[Collection entries]

☆ ☆ ☆ ☆ ☆

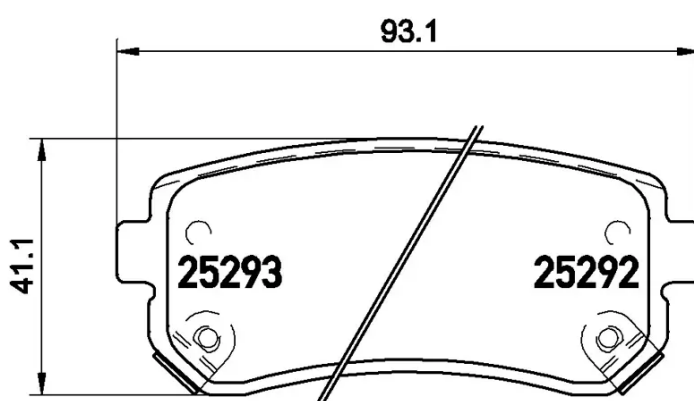

BRAKE PAD XTRA

P 30 051X

The P 30 051X Xtra brake pad is synonymous with reliability

Brembo Xtra brake pads, developed to enhance the advantages of the Xtra and Max discs, are made using the special BRM X L01 compound which consists of more than 30 different components. Compared with the compound used for original-equivalent pads, the new solution assures a higher friction coefficient, which translates to more precise and stable braking, at both high and low temperatures. All this makes for greater driving comfort and improved pedal modularity, without compromising the product's mileage output.

- ✓ OE-equivalent
- ✓ Brembo quality
- ✓ ECE-R90 certificate
- ✓ Safety
- ✓ Performance
- ✓ Sports driving
- ✓ With accessories

Technical specifications

EAN code 8020584121603	Axle Rear	Thickness 16 mm
Width 93 mm	Height 41 mm	Braking system Mando
Wear indicator Acoustic	WVA number 24320,25292,25293	Accessories With anti-squeal shim With accessories
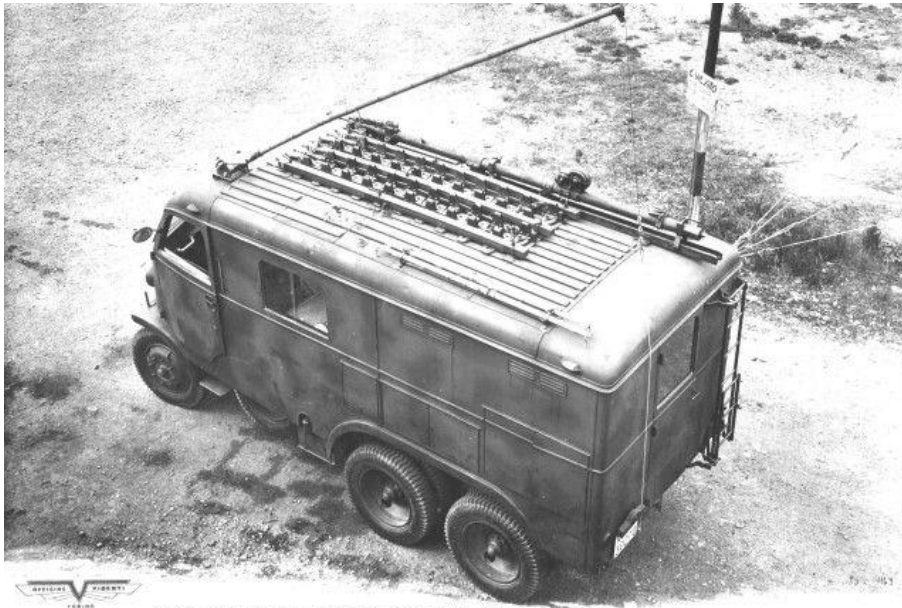

SPA 35 DOVUNQUE RECOVERY TRUCK

CODE

IT48RE103

28 €

SPA 35 DOVUNQUE RADIO WITH INTERIOR **AVAILABLE JULY 2024**

CODE

IT48RE104

32 €
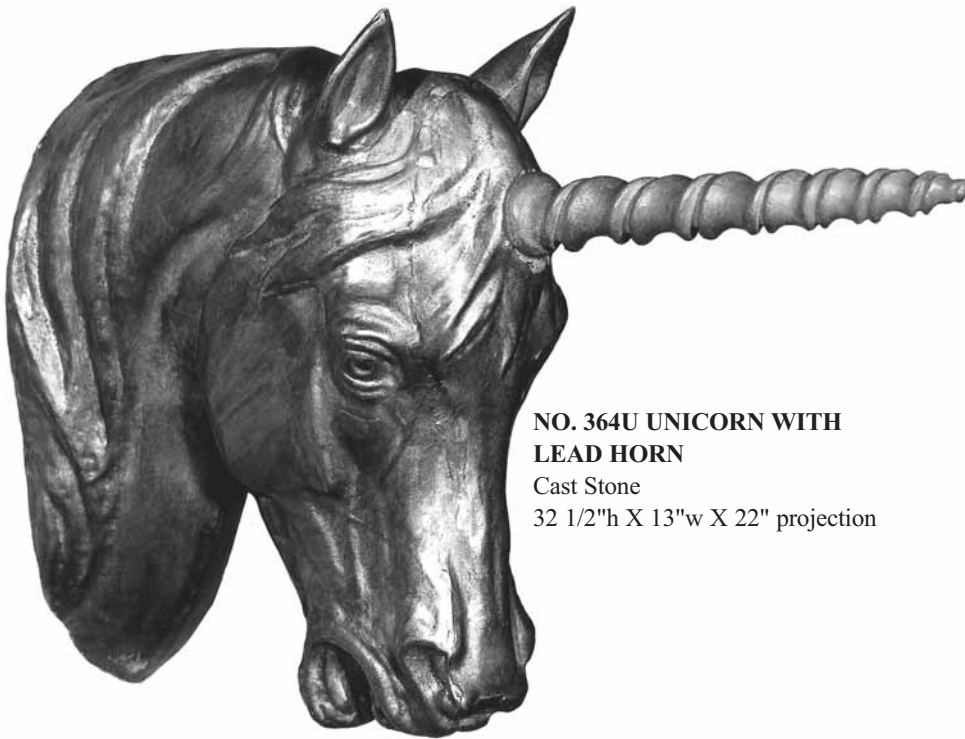

**NO. 364U UNICORN WITH
LEAD HORN**
Cast Stone
32 1/2"h X 13"w X 22" projection

☆ ☆ ☆ ☆ ☆

**Activity:** The entries above should be retyped exactly, minus any pictures.

**Response:**
BRAKE PAD XTRA

P 30 051X

The P 30 051X Xtra brake pad is synonymous with reliability

Brembo Xtra brake pads, developed to enhance the advantages of the Xtra and Max discs, are made using the special BRM X L01 compound which consists of more than 30 different components. Compared with the compound used for original-equivalent pads, the new solution assures a higher friction coefficient, which translates to more precise and stable braking, at both high and low temperatures. All this makes for greater driving comfort and improved pedal modularity, without compromising the product's mileage output.

- ✓ OE-equivalent
- ✓ Brembo quality
- ✓ ECE-R90 certificate
- ✓ Safety
- ✓ Performance
- ✓ Sports driving
- ✓ With accessories

Technical specifications

EAN code 8020584121603	Axle Rear	Thickness 16 mm
Width 93 mm	Height 41 mm	Braking system Mando
Wear indicator Acoustic	WVA number 24320,25292,25293	Accessories With anti-squeal shim With accessories

SPA 35 DOVUNQUE RECOVERY TRUCK

CODE

IT48RE103

28 €

SPA 35 DOVUNQUE RADIO WITH INTERIOR **AVAILABLE JULY 2024**

CODE

IT48RE104

32 €

**NO. 364U UNICORN WITH
LEAD HORN**
Cast Stone
32 1/2"h X 13"w X 22" projection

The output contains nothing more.